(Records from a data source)
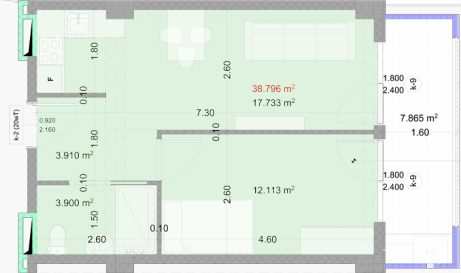

0322 12 11 11 

info@solum.ge 

Tbilisi, Tsereteli 117a 

12 Floor | Flat N154

Total sq.m.

46.70 m²

Price

 **0.00**

Installments

 **117,589.43**

Hall
3.9m²

Common room
17.7m²

Bedroom
12.1m²

Bathroom
12.1m²

Balcony
7.9m²

# Instructions to follow
Skip the pictures and give the entries above again word for word.

# Written solution
0322 12 11 11 

info@solum.ge 

Tbilisi, Tsereteli 117a 

12 Floor | Flat N154

Total sq.m.

46.70 m²

Price

 **0.00**

Installments

 **117,589.43**

Hall
3.9m²

Common room
17.7m²

Bedroom
12.1m²

Bathroom
12.1m²

Balcony
7.9m²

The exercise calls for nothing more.